Erwinski wrestles with success

Wrestling Head Coach Jason Erwinski practices with junior Jake Fahey during an early morning workout. The team practices before school five times a week. Photo by Emma Kawasaki.
Wrestling Head Coach Jason Erwinski practices with junior Jake Fahey during an early morning workout. The team practices before school five times a week. Photo by Emma Kawasaki.

The sun had barely emerged over the clouds as the wrestling team began their workout.

“Our opponents are sleeping and we’re down here working,” junior Brandon Friedman said.

As sweat dripped down the pads along the walls, the wrestling team and Head Coach Jason Erwinski went through some techniques: sweep the leg, pull the head, release.

Moves like these are what made Erwinski ranked No. 8 nationally as a senior at Mt. Carmel in 1998, where he compiled a 40-0 record and secured the state championship.

One thing Erwinski said he learned as a wrestler was that a win is not enough if you know you could have put in a better effort.

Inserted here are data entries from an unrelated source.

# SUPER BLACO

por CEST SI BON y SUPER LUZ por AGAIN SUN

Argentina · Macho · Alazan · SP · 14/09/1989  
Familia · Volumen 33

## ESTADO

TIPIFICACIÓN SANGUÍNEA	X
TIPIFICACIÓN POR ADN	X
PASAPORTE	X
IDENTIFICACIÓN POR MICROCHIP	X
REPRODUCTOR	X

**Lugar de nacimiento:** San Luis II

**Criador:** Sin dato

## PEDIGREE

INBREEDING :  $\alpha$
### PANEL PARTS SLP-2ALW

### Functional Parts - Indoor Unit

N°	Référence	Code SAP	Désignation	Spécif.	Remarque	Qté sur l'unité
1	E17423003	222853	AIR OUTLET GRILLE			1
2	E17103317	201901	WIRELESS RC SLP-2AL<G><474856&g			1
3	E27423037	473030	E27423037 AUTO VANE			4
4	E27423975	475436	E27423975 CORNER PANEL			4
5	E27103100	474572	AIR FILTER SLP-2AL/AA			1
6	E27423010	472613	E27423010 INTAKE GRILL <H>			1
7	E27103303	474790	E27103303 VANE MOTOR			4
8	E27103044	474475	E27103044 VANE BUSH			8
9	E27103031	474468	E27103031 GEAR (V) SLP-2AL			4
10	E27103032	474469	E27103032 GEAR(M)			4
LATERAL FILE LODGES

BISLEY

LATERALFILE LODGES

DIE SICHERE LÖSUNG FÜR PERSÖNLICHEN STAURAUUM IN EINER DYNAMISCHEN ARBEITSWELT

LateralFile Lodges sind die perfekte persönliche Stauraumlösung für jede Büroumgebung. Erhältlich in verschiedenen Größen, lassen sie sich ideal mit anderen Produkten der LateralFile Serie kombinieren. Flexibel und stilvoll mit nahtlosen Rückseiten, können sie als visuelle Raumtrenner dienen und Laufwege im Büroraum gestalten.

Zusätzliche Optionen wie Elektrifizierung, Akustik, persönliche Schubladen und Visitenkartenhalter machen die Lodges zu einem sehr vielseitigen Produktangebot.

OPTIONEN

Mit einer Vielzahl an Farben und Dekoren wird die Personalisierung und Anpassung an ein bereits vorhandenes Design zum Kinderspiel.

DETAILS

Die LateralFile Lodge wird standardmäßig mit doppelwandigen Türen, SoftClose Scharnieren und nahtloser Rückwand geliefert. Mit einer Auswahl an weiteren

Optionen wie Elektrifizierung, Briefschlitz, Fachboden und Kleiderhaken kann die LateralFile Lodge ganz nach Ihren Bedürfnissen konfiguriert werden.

  “[I have learned] to always [try to] improve … because the second you start to get satisfied, when you think you’ve reached the end goal, you better revise it because people are going to pass you up.

“Knowing the guys I wrestled with [in college] were, for all intents and purposes, the best in the country … [I was honored] they seemed to recognize something in me as captain,” Erwinski said.

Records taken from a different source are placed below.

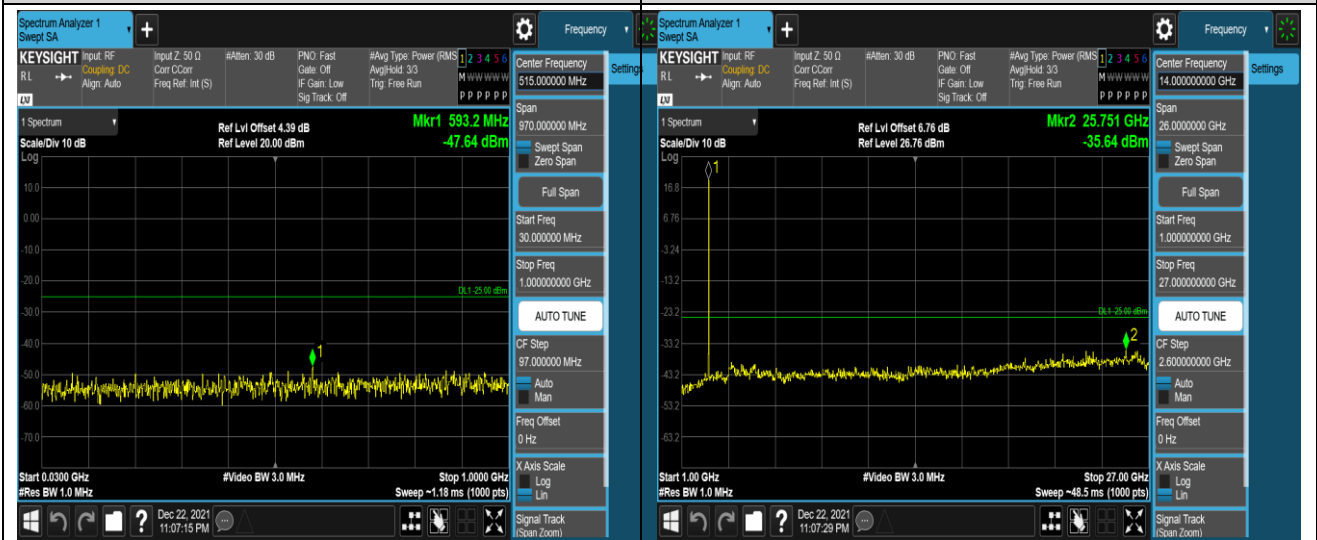

Band5-10MHz-16QAM-20450-1RB#0-Range1:30~1000MHz

Band5-10MHz-16QAM-20450-1RB#0-Range2:1000~10000MHz

Band5-10MHz-16QAM-20525-1RB#0-Range1:30~1000MHz

Band5-10MHz-16QAM-20525-1RB#0-Range2:1000~10000MHz

Band7-5MHz-QPSK-21425-1RB#0-Range1:30~1000MHz

Band7-5MHz-QPSK-21425-1RB#0-Range2:1000~27000MHz

Band7-5MHz-16QAM-20775-1RB#0-Range1:30~1000MHz

Band7-5MHz-16QAM-20775-1RB#0-Range2:1000~27000MHz

Band7-20MHz-QPSK-21100-1RB#0-Range1:30~1000MHz

Band7-20MHz-QPSK-21100-1RB#0-Range2:1000~27000MHz
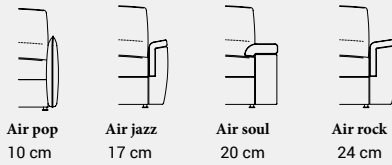

BRACCIOLI

ARMRESTS - ACCOUDOIRS - ARMLEHNEN
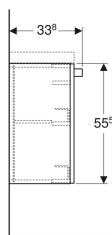

## Geberit Renova Comfort Seitenschrank mit einer Tür

Beispielbild

### Eigenschaften

- FSC™ C134279 zertifiziert
- Wandhängend
- Mit einer Tür
- Tür mit Dämpfungsmechanismus
- Anschlagseite links oder rechts

- Feuchtigkeitsbeständig
- Front aus MDF
- Vormontiert geliefert

### Technische Daten

Werkstoff | Hochverdichtete Dreischicht-Holzspanplatte

### Lieferumfang

- Seitenschrank
- Befestigungsmaterial

| Art.-Nr.  | Farbe / Oberfläche  | B     | H       | T       | VE1   |
|-----------|---|-------|---------|---------|-------|
| 808527000 | Korpus: weiß / lackiert matt<br>Front: weiß / lackiert matt | 27 cm | 55.5 cm | 33.8 cm | 1 St. |
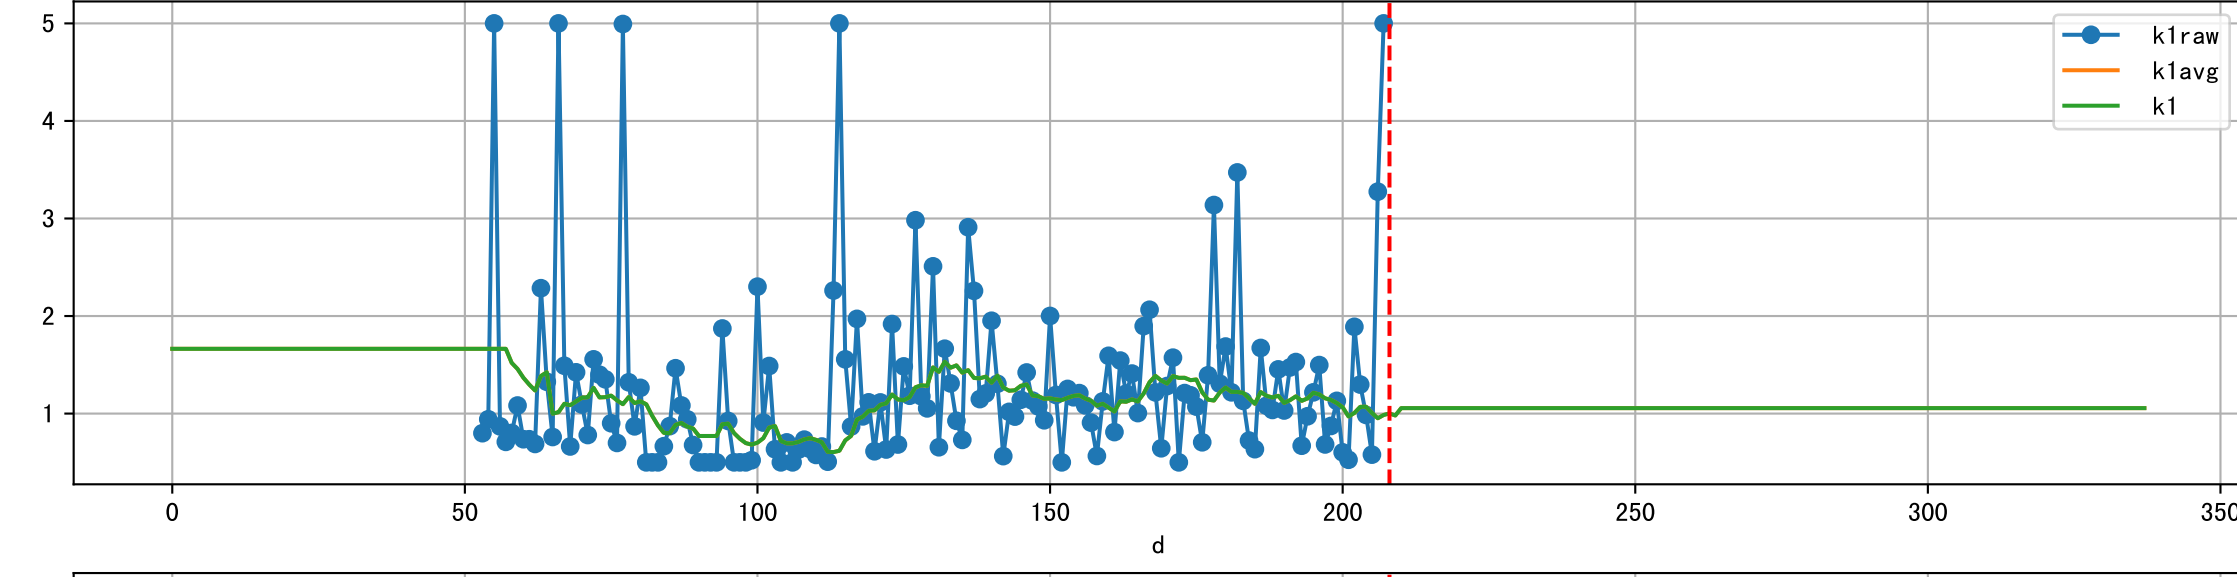

taocraw:-o', 'taocavg', 'taoc'], ['k0raw:-o', 'k0avg', 'k0'], ['k1raw:-o', 'k1avg', 'k1'], ['k2raw:-o', 'k2avg', 'k2'], ['Tblrw:-o', 'Tblavg',

P2-1 D:208 2026-03-22
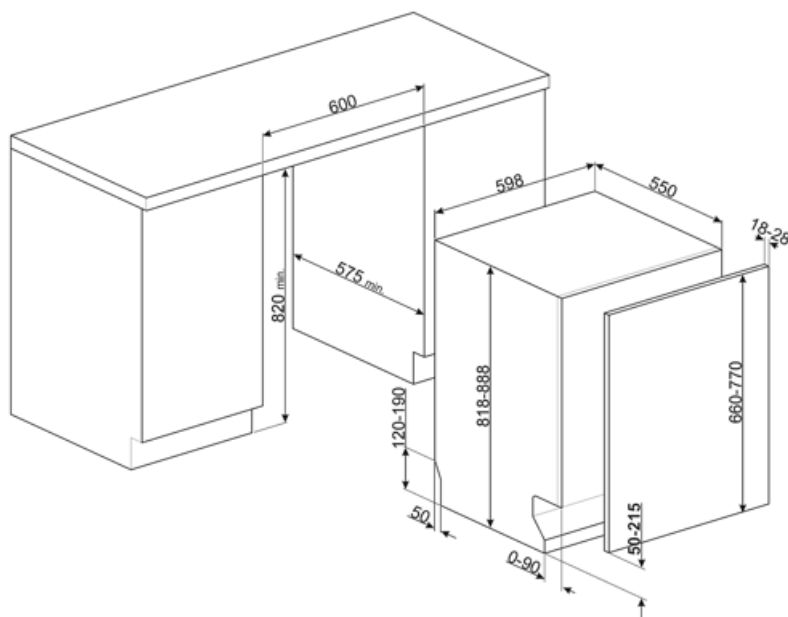

Vandforbrug [pr. cyklus] 8.5 litres

Energieeffektivitetsindeks 43.8
(EEI)

Elektrisk tilslutning

Nominel effekt 1800 W
Nuværende 10 A
Spænding 220-240 V
Frekvens (Hz) 50 Hz

Type af forbindelse Enkelt fase
Kabellængde 140 cm
Stik (F;E) Schuko

After college, Erwinski stayed within the sport, coaching at Bremen, Tinley Park and then as an assistant at his alma mater, Mt. Carmel. When he received a call asking if he would like to coach at Glenbrook North, Erwinski said he could not turn it down.

“I enjoy a challenge of coaching in a new environment,” said Erwinski. “I enjoy being the head coach, so I think that’s what drew me to this school.”

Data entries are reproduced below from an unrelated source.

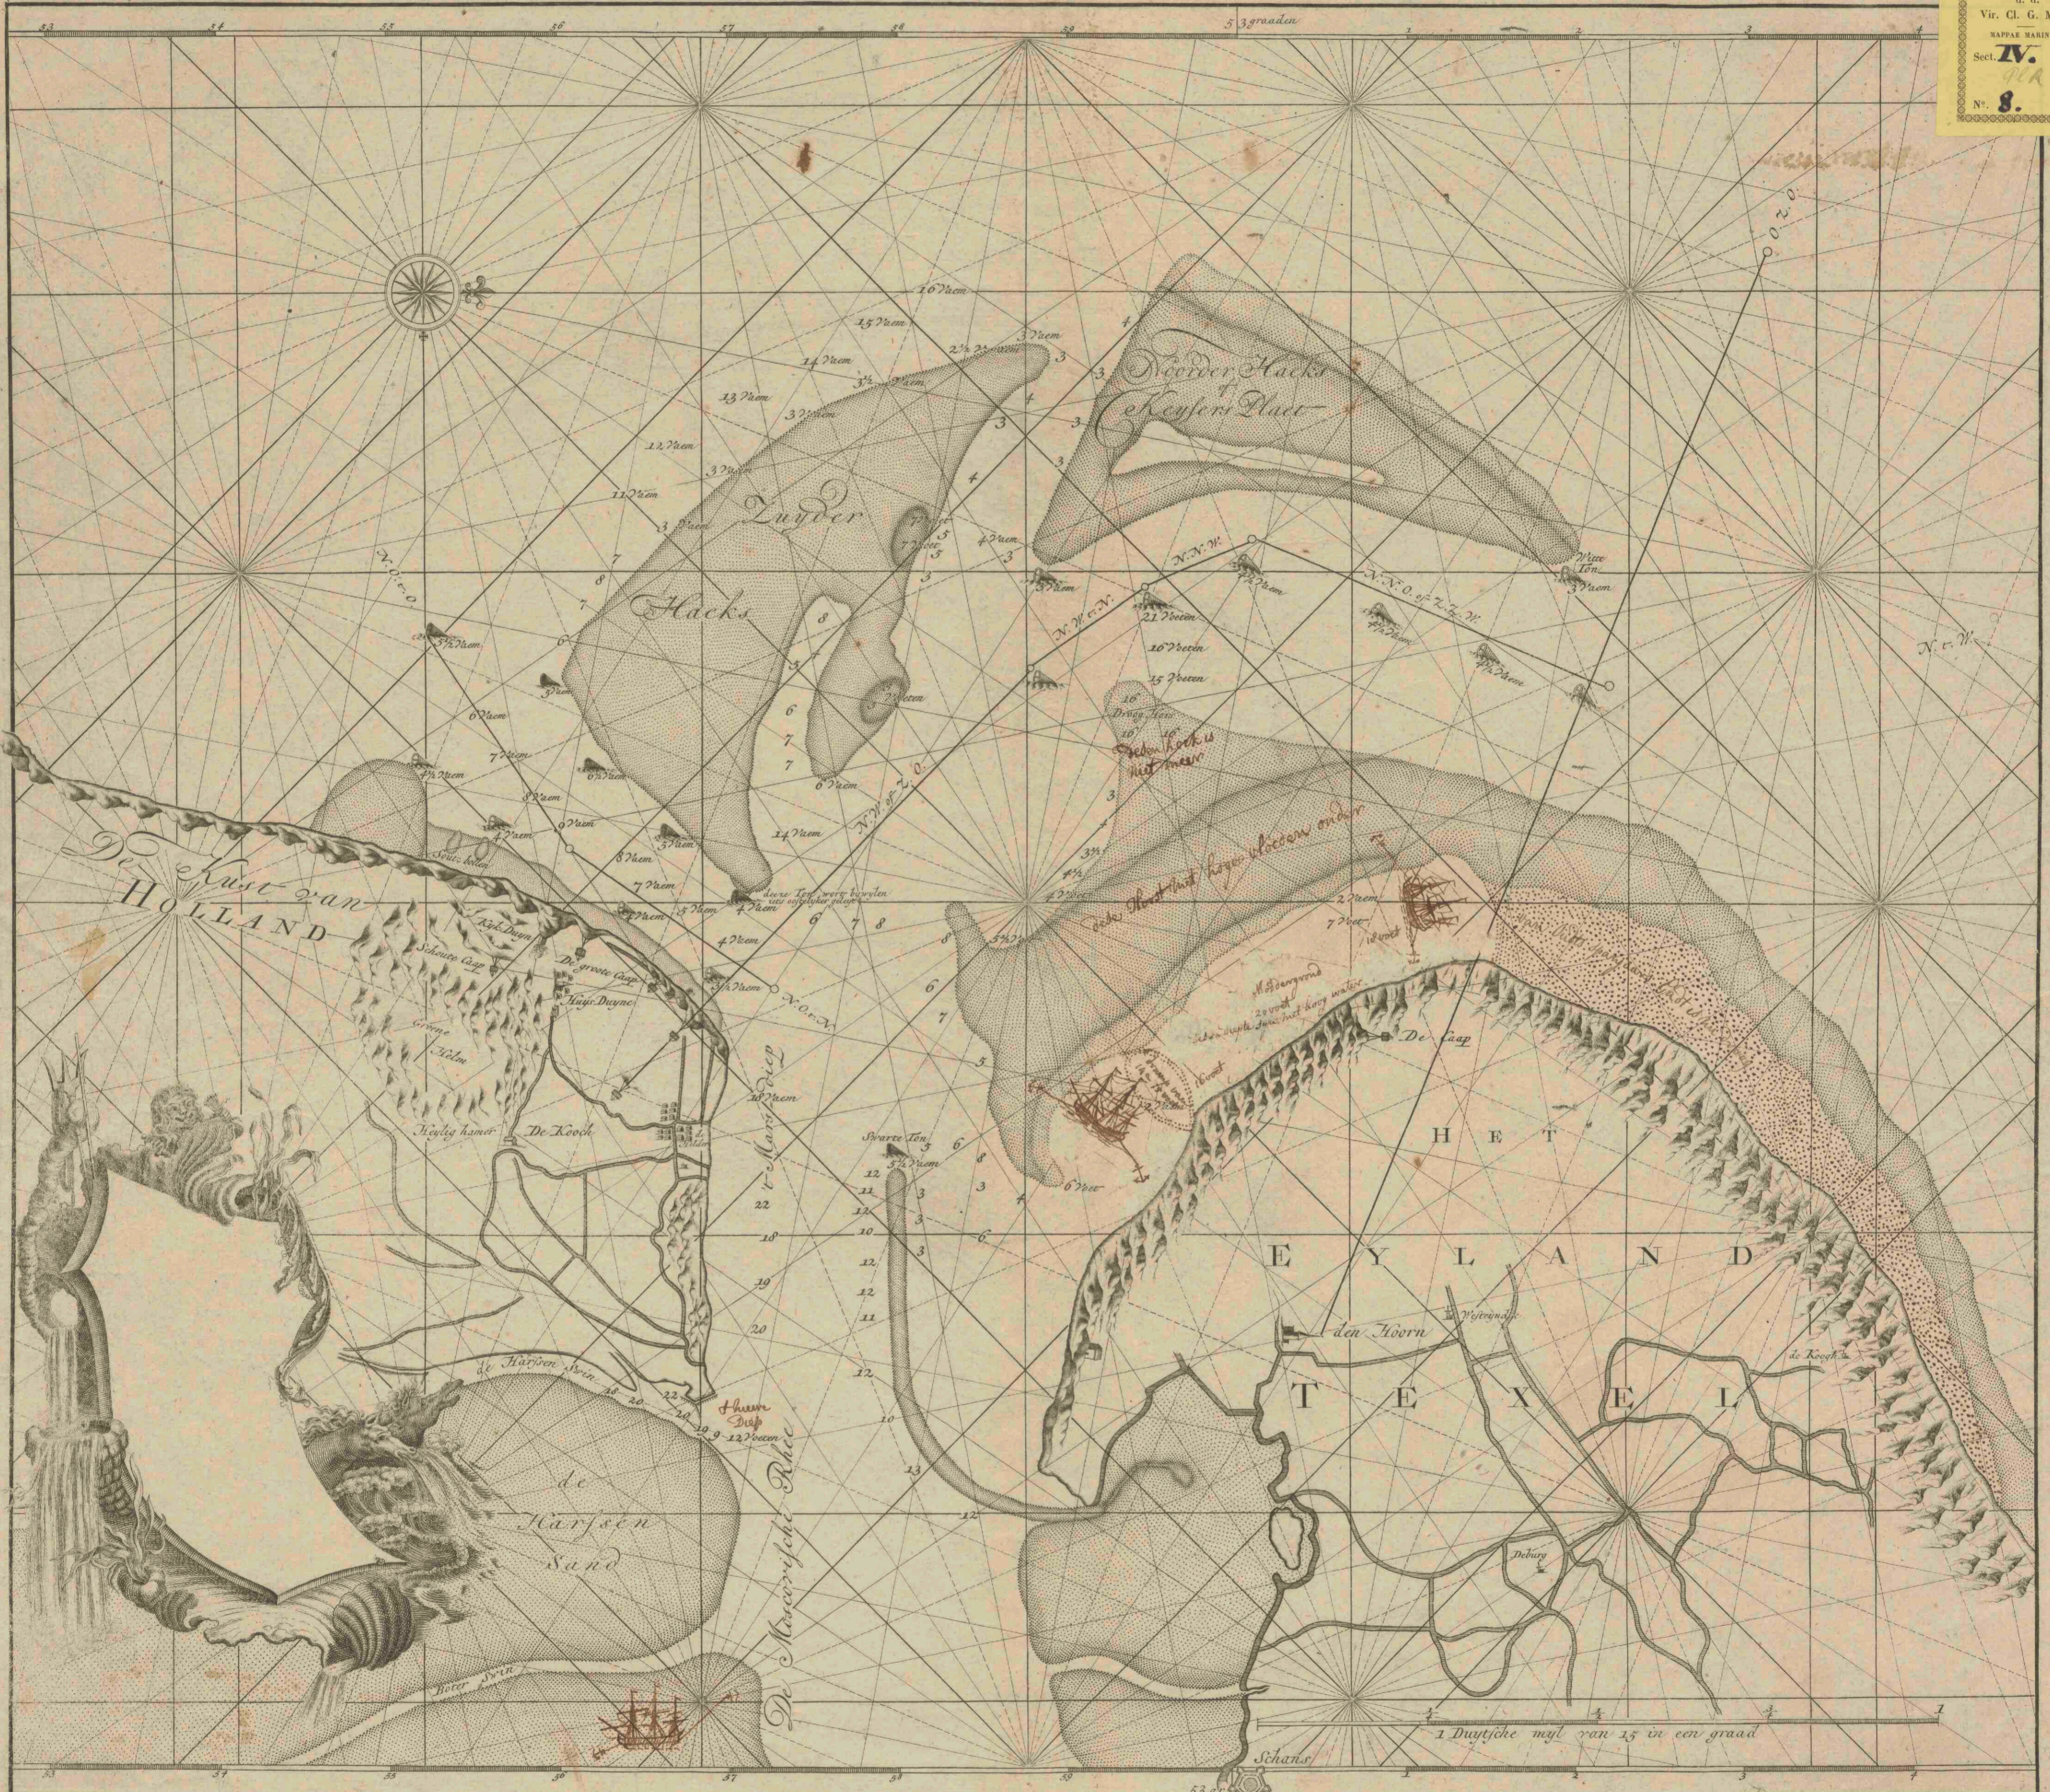

[Nieuwe pas-kaart van Texel en den Horst].

<https://hdl.handle.net/1874/431163>

Biblioth. Rhen.-Traj.
d. d.
Vir. Cl. G. Moll.
MAPPAE MARINAE.
Sect. **IV.**
No. **8.**

481

24

Senior Toby Gardner said Erwinski brought a lot to the program, and the wrestlers were “all in” right away. One thing he brought was an everyday early morning offseason workout.

“When Erwinski came in he definitely brought with him a desire to win, a hard work ethic, to always go 100 percent,” said Gardner. “I think that all immediately rubbed off on us, and it made us better wrestlers.”

Right away, Gardner said he noticed Erwinski’s intense passion for the sport of wrestling.

“He cares about every wrestler,” said Gardner. “He wants us to succeed. … He gives us the tools and techniques, the mental and physical motivation to be successful.”

Erwinski said there are six pillars his program stands on: hard work, determination, sacrifice, responsibility, accountability and dedication. The coaching staff stresses not only to be the best wrestlers, but to apply the lessons they learn into their everyday lives.

“Something we stress to our kids is to get better everyday,” said Assistant Coach Blake Tomczak. “Do something everyday to be a better wrestler, better student and better person.”

Tomczak and Erwinski have a relationship dating back to when Tomczak was in high school and attended a summer wrestling program at Northwestern. There, Erwinski was his camp counselor.

“[Erwinski’s] got a level of dedication that I haven’t seen anyone match,” said Tomczak. “I’ve coached with a lot of different coaches from different areas, with different styles of wrestling, and he’s just so dedicated. His mind’s always on, how can this team improve, what can we do as coaches to improve our wrestlers, not only as athletes but as human beings.”